In 2004, ate age six, Congaree retired after finishing fourth in the Churchill Downs Handicap. He retired with a record of 25: 12-2-4 and earnings of $3,267,490.

== Stud career ==
The stallion began his stud career stood in 2005 at Frank Stronach's Adena Springs in Midway, Kentucky. Adena Springs later moved operations to Paris, Kentucky, where Congaree stood through the 2009 breeding season. Beginning in 2010, Congaree stood at stud at Highcliff Farm in Delanson, New York. In 2013, Congaree was again moved to stand at Mill Creek Farm in New York, where he stayed until Lane's End Farm acquired him to stand at their Texas operation. When Lane's End Texas closed in 2017, Congaree was moved to stand at Valor Farm, also in Texas.

He was owned by Robert and Janice McNair, who bred and raced him in the name of their Stonerside Stable. After selling their Stonerside Stable property in Paris, Kentucky along with the majority of their bloodstock in October 2008, the McNairs began using the stable name Magnolia Racing Stable for their Thoroughbred holdings, which include Congaree, Cowboy Cal, Bob and John, and Stonesider.

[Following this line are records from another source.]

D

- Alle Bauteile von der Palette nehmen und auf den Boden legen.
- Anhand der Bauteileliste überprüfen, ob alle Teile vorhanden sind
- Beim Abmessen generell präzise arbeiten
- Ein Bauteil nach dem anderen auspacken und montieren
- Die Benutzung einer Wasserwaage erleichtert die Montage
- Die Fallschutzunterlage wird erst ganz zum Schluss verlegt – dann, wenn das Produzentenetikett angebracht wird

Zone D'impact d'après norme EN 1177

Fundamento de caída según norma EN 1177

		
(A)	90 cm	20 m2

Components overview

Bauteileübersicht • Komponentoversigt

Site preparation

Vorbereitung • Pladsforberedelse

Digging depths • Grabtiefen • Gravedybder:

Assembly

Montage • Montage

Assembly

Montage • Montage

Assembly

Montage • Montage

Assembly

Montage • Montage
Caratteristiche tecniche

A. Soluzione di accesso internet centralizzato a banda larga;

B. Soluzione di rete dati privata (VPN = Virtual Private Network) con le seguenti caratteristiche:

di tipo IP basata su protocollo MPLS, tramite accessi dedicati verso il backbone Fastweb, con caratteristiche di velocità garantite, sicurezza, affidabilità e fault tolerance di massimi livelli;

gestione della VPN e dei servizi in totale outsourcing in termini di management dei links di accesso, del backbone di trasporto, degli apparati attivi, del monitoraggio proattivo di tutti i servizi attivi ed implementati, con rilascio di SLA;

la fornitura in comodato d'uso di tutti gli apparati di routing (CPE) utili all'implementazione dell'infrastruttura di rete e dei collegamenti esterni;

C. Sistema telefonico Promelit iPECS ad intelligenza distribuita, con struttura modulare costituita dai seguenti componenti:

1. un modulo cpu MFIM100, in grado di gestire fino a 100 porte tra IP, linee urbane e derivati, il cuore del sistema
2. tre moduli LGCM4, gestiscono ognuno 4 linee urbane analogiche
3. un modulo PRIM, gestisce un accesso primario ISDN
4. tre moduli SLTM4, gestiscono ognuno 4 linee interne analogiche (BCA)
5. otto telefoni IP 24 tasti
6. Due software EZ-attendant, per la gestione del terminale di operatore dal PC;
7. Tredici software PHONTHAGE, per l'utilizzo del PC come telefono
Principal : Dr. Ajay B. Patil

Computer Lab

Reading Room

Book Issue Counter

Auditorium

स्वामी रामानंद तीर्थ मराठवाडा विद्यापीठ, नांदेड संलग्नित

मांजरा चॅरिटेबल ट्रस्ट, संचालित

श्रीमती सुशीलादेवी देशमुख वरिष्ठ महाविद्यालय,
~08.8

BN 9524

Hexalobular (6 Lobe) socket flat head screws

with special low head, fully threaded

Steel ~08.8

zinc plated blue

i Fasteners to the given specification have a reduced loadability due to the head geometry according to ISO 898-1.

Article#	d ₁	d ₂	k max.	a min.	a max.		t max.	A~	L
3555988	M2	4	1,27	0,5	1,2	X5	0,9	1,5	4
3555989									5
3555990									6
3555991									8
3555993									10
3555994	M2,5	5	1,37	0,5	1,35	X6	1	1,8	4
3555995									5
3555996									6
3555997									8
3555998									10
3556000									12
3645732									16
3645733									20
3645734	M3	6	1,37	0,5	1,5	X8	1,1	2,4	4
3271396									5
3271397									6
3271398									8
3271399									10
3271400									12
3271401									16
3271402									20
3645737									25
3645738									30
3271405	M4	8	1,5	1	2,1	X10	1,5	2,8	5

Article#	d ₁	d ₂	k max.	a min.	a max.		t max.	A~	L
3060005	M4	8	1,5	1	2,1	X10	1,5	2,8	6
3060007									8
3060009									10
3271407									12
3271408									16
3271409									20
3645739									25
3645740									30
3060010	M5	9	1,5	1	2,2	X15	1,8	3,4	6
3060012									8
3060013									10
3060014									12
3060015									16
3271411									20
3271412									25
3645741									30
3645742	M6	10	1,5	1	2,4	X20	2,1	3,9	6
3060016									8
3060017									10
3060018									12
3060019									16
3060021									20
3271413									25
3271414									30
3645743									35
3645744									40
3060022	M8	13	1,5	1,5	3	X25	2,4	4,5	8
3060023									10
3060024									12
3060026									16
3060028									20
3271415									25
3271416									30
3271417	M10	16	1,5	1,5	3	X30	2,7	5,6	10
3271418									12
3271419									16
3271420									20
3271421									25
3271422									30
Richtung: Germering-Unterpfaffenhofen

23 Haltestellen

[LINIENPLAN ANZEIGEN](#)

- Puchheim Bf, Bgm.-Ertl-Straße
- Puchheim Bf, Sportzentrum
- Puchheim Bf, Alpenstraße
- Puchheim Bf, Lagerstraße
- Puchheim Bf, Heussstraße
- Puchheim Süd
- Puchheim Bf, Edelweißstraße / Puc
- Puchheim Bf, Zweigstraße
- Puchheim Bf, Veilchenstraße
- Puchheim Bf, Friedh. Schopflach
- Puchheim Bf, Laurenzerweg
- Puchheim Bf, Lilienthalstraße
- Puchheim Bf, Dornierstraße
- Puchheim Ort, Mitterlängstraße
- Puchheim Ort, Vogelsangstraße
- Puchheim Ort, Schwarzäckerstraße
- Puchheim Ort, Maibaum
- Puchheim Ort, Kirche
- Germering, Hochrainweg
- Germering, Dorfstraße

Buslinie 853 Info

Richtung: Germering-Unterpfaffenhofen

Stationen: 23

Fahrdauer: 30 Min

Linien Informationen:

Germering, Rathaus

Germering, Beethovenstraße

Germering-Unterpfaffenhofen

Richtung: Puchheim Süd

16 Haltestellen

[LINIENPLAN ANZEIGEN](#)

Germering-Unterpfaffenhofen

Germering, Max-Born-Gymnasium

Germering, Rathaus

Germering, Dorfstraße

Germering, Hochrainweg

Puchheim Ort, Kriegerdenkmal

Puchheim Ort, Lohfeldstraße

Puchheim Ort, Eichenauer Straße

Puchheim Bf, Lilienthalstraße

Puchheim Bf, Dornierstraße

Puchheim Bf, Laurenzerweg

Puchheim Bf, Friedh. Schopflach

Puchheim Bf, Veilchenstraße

Congaree was euthanized on November 22, 2020, due to the infirmities of old age.

=== Progeny ===
Congaree has met with success as a stallion, siring eight stakes winners from his first two crops to race, including multiple Gr.1 winner Jeranimo and multiple Gr. III winner Mythical Power. He has also found international success, siring Irish Gr.III winning mare Maoineach.

Congaree's progeny includes:
- Jeranimo: Winner of the Shoemaker Mile Stakes, Eddie Read Handicap, San Gabriel Handicap (thrice), Oak Tree Mile Stakes, Strub Stakes, and Citation Handicap.
- Don't Tell Sophia: Winner of the Spinster Stakes, Chilukki Stakes, Bayakoa Stakes (twice), Pippin Stakes (twice), and Locust Grove Stakes.
- Killer Graces: Winner of the Hollywood Starlet Stakes, Landaluce Stakes, and Cinderella Stakes.
- Shrinking Violet: Winner of the Monrovia Stakes, Daisycutter Handicap, and Licaghtning City Stakes.
- Mythical Power: Winner of the Lone Star Derby and Texas Mile Stakes.
- Maoineach: Winner of the One Thousand Guineas Trial Stakes (IRE-G3) and Go And Go Round Tower Stakes (IRE-G3)
- Rockin' Rockstar: Winner of the Tom Ridge Stakes
- Conchacer: Winner of the Forward Pass Stakes and Prairie Express Stakes.